::: MATERIAL FOR THE TASK

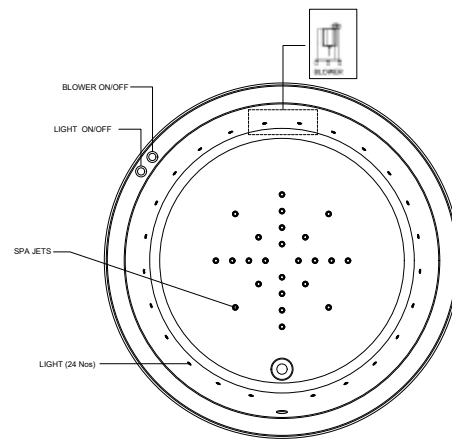

System LUXS19 - Luxury SPA

Luxury SPA System with 24 Spa Air Jets and 24 Chromotherapy Lights, with Electronic Touch Controls

All bathtubs supplied as standard without tap holes and without leg set
For Whirlpool Options and details see pages 304-305
For additional BAGNODESIGN Bath Waste options see page 417.

FINISHES:

::::::

PROBLEM:
Set down exactly, and only, the lines from the one containing "Luxury SPA System" through the final line of the entries above.

FINAL ANSWER:
Luxury SPA System with 24 Spa Air Jets and 24 Chromotherapy Lights, with Electronic Touch Controls

All bathtubs supplied as standard without tap holes and without leg set
For Whirlpool Options and details see pages 304-305
For additional BAGNODESIGN Bath Waste options see page 417.

FINISHES:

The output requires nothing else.